5. Click Close on the Add Standalone snap-in window, then click OK on the Snap-In window. You now see the Local Computer Policy in the MMC. Expand Local Computer Policy | Computer Configuration | Windows Settings | Security Settings | Public Key Policies | Encrypting File System.

6. Right-click the Encrypting File System folder and click Add Data Recovery Agent. This starts the Add Recovery Agent Wizard. Click Next on the Welcome screen.

7. Using the wizard, locate the desired user certificate. You can select the certificate from the Active Directory. If the certificate is not located in the Active Directory, you need to choose a local *.cer file. The certificate must be saved as a *.cer file.

Aside from the using the Windows XP GUI interface for encrypting and decrypting data, you can also use the Cipher command-line tool. The command-line syntax and switches for the tool are as follows:

Cipher [/e] [/d] [/s[:dir]] [/a] [/i] [/f] [/q] [/h] [pathname [...]]

Table 3-2 defines each of the command switches.
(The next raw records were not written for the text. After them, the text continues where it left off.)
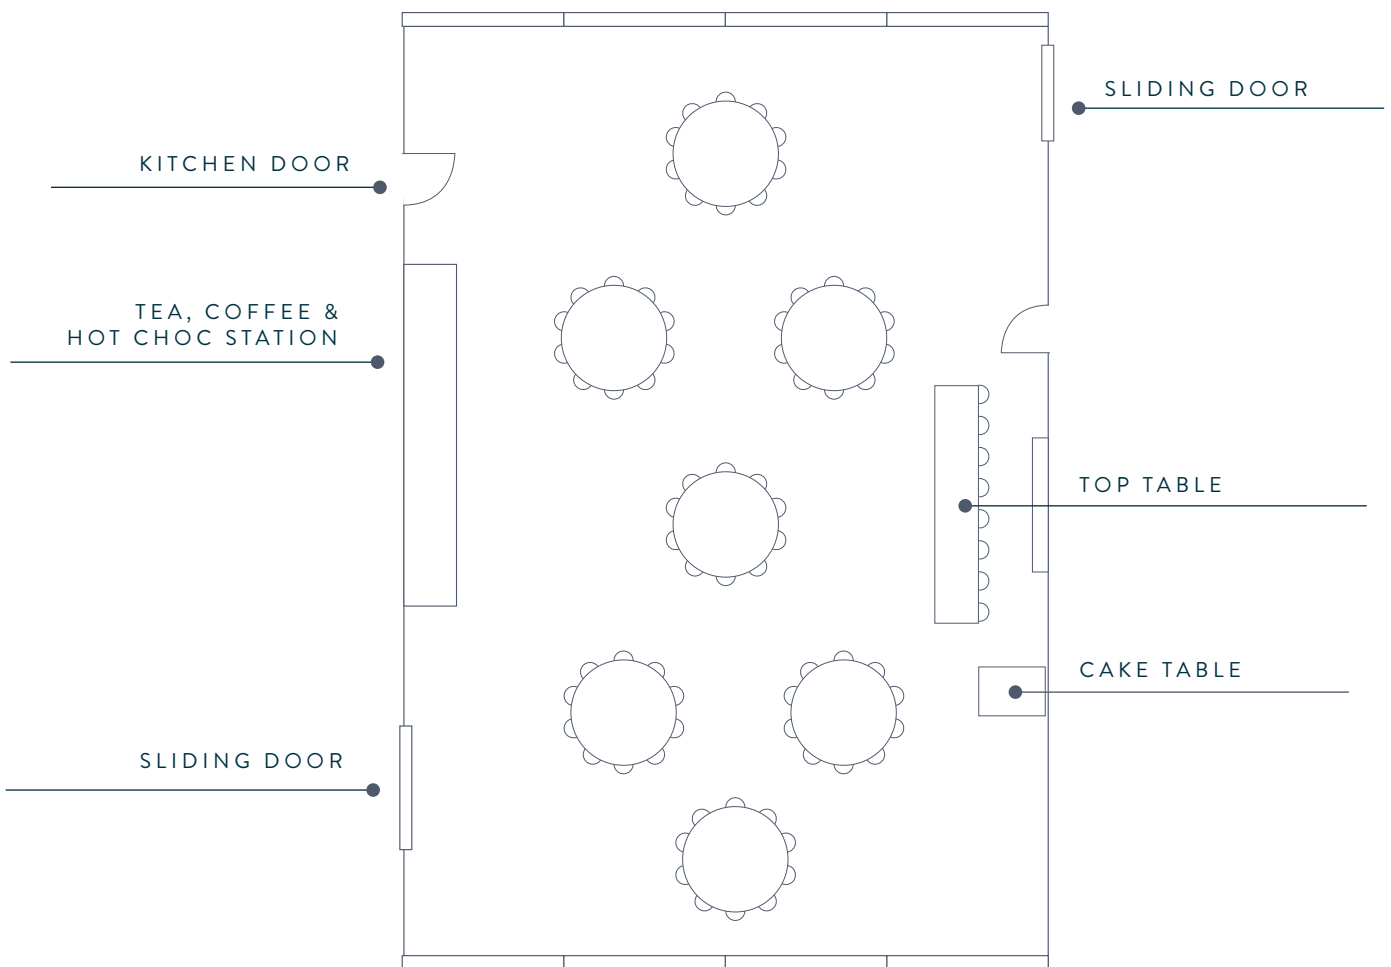

BASHALL
BARN

Seven Round Plus Top Table

These layouts are to just give you an idea of how the room can work for you and your guests.

SEATS UPTO 78 GUESTS

SEVEN ROUND TABLES, SEATING TEN* PLUS TOP TABLE SEATING EIGHT

*Please note highchairs & prams are classed as a seat

WWW.BASHALLBARN.CO.UK

Tel. 01200 428964 Email. weddings@bashallbarn.co.uk

Bashall Barn, Bashall Town, Clitheroe, Lancashire, BB7 3LQ

@bashallweddings

You can also allow other users to access an encrypted file. This feature, which is new in Windows XP, provides a great way to secure a file that only a few people need to access. To give other users access to an encrypted file, follow the steps in the next section.

Giving Other Users Access to an Encrypted File

1. Right-click an encrypted file and click Properties.

2. On the General tab, click the Advanced button.

3. On the Advanced Attributes dialog box, click the Details button.

4. In the Encryption Details dialog box, shown next, use the Add and Remove buttons to manage the users that can access the encrypted file.

   

   Only users who have an EFS certificate on the computer appear as selection options. If a user does not appear that you need to give access, have the user log on to the computer and encrypt a file. This will create the needed certificate. The user will then appear in the Encryption Details dialog box as a selection option.